Der Nachfolger der RF-9 -
Die RF-10 ist ein zweisitziger Motorsegler mit nebeneinander angeordneten Sitzen; sie gleicht in ihrer allgemeinen Auslegung der Fournier RF-9. Der wichtigste Unterschied zu ihrem
Vorgängermuster besteht in der Verwendung von glasfaserverstärktem Kunststoff als Baumaterial. Außerdem kann die RF-10 unter ihren Tragflügeln zwei größere Zusatztanks mit je 90 l Kraftstoff mitführen, um den
höheren Verbrauch des leistungsstärkeren Triebwerks zu kompensieren.
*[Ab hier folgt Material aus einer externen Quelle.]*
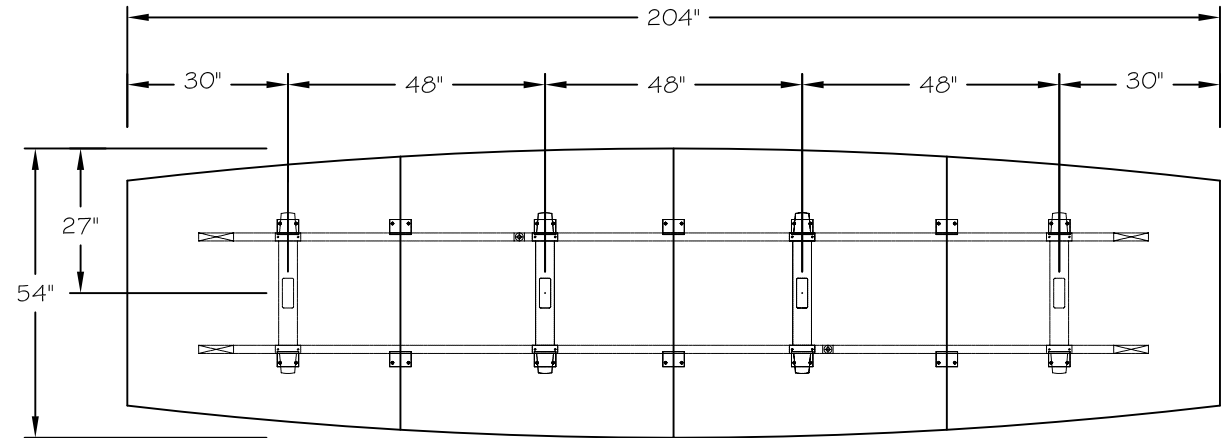

# nienkämper

257 Finchdene Square  
Scarborough, Ontario,  
Canada M1X 1B9  
Tel 1-800-668-9318

EMAIL- mail@nienkamper.com  
www.nienkamper.com

MODEL - TAPER AND T-BASES  
SIZE: 204" X 54"

PLAN VIEW

DIMENSIONS SHOWN TO CENTRE OF BASES
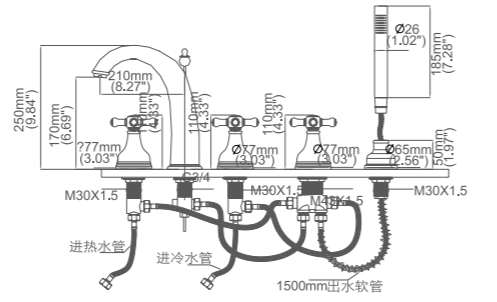

Model No:C-30 Bathtub Shower

Box size:
Carton size:
pcs / carton
Common model: ☐ Yes ☒ No
Cartridge Size:25 mm
Certificate(s):
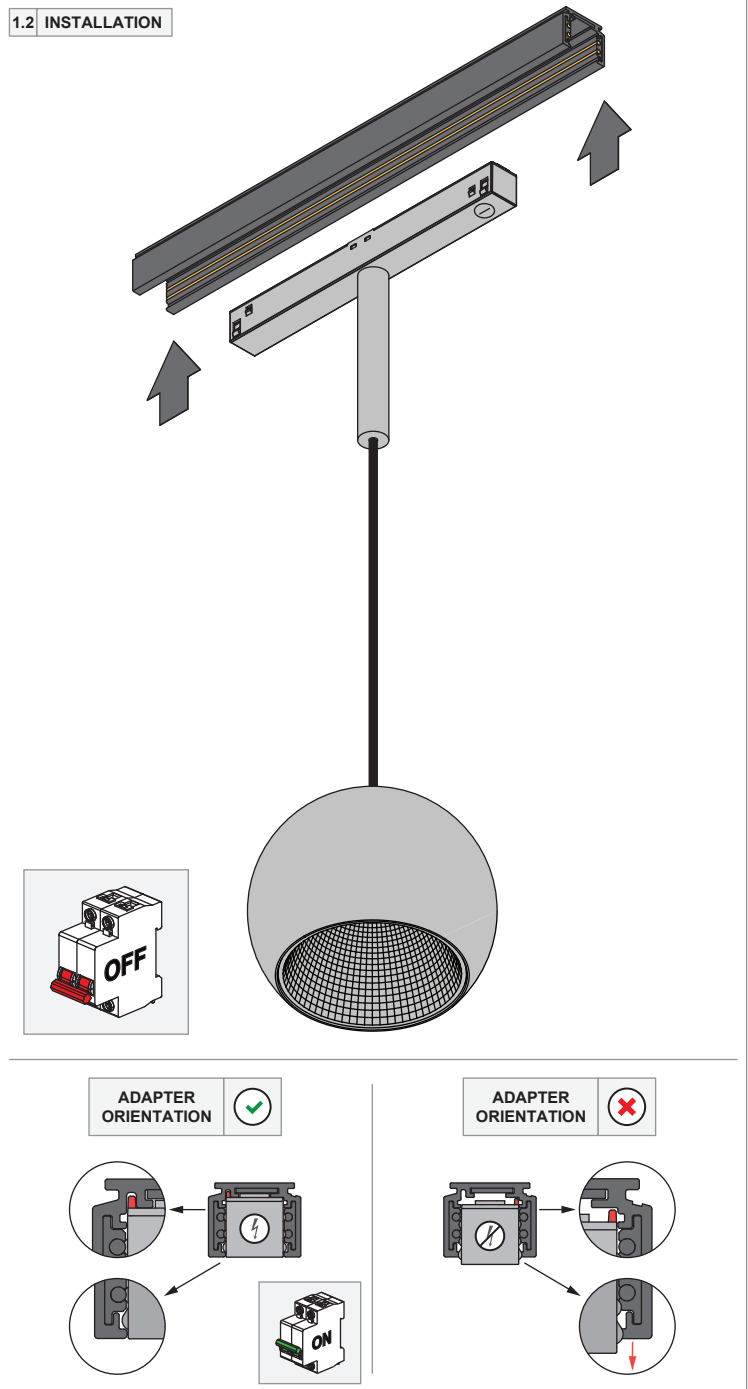

Marbul suspension track 48V LED GI

134800XX_134801XX_134802XX_134803XX_134804XX_134805XX

1.1 INSTALLATION

1.2 INSTALLATION

2.1 UNINSTALL

2.2 UNINSTALL

2.3 UNINSTALL
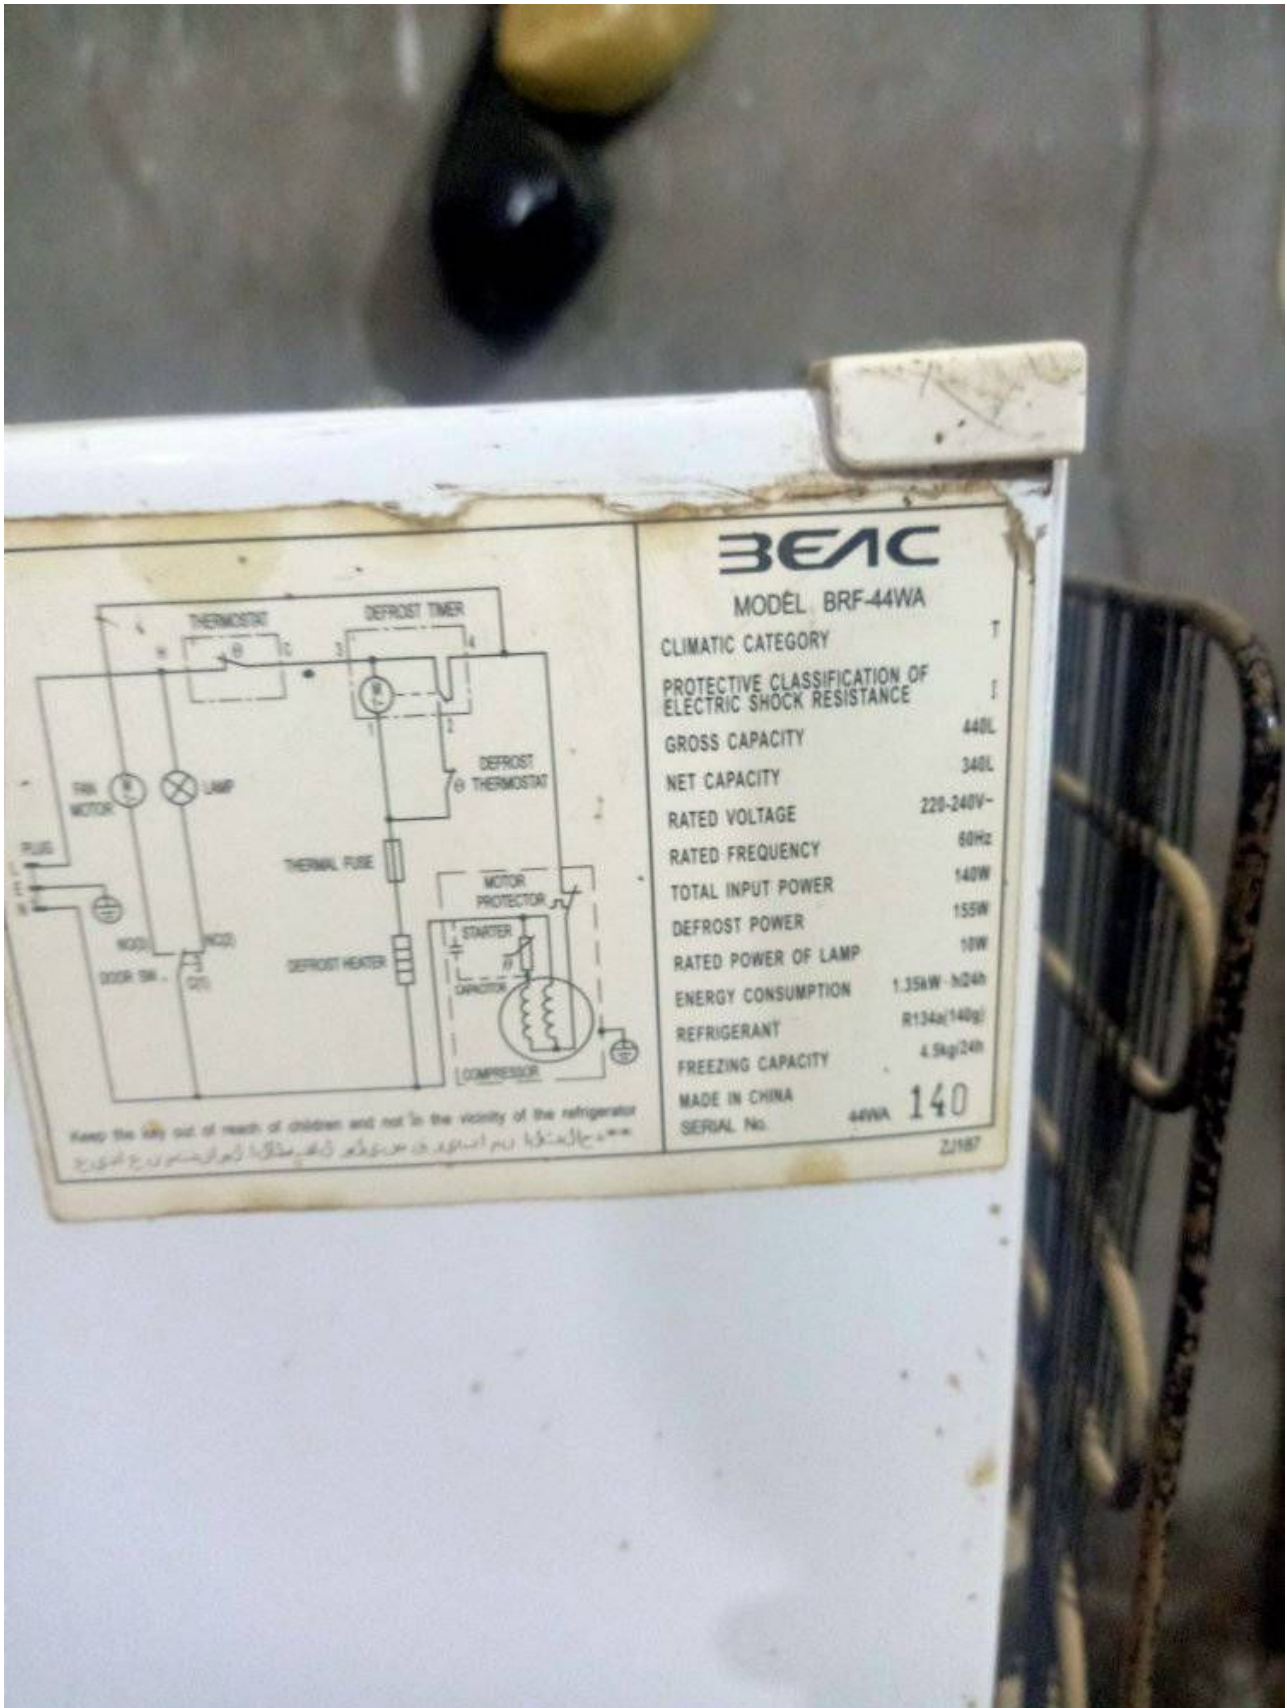

**Mbsm.pro, refrigerator, No
frost, brf-44wa, 44wa-140,12
feet, 340wL, 140 w,
Compressor, 1/5 hp, r134a,
140 G, defrost power 155 w**

written by Lilianne | 10 August 2022

BEAC

MODEL BRF-44WA

CLIMATIC CATEGORY	T
PROTECTIVE CLASSIFICATION OF ELECTRIC SHOCK RESISTANCE	I
GROSS CAPACITY	448L
NET CAPACITY	348L
RATED VOLTAGE	220-240V
RATED FREQUENCY	60Hz
TOTAL INPUT POWER	140W
DEFROST POWER	155W
RATED POWER OF LAMP	10W
ENERGY CONSUMPTION	1.35kW/24h
REFRIGERANT	R134a(140g)
FREEZING CAPACITY	4.9kg/24h
MADE IN CHINA	
SERIAL No.	44WA 140
	2/197

Keep the key out of reach of children and not in the vicinity of the refrigerator
 نگه دارید کلید را دور از دسترس کودکان و در نزدیکی یخچال نگذارید

Private Picture Copyright : WWW.MBSM.PRO

Mbsm.pro, refrigerator, No frost, brf-44wa, 44wa-140,12 feet, 340wL, 140 w, Compressor, 1/5 hp, r134a, 140 G, defrost power 155 w

Schließlich erhielt die RF-10 auch ein breiteres Fahrwerk.
Mehrere Prototypen -
Fournier Aviation hatte schon 1981 den Bau zweier
Prototypen aufgenommen. Aber erst im Frühjahr 1983 flog der erste seriennahe Prototyp mit dem charakteristischen T-Leitwerk. Das erste Serienexemplar startete im Mai 1984 zu seinem Jungfernflug.
Die wichtigsten Versionen RF-10.
Die wichtigsten Abnehmerländer Frankreich, Portugal.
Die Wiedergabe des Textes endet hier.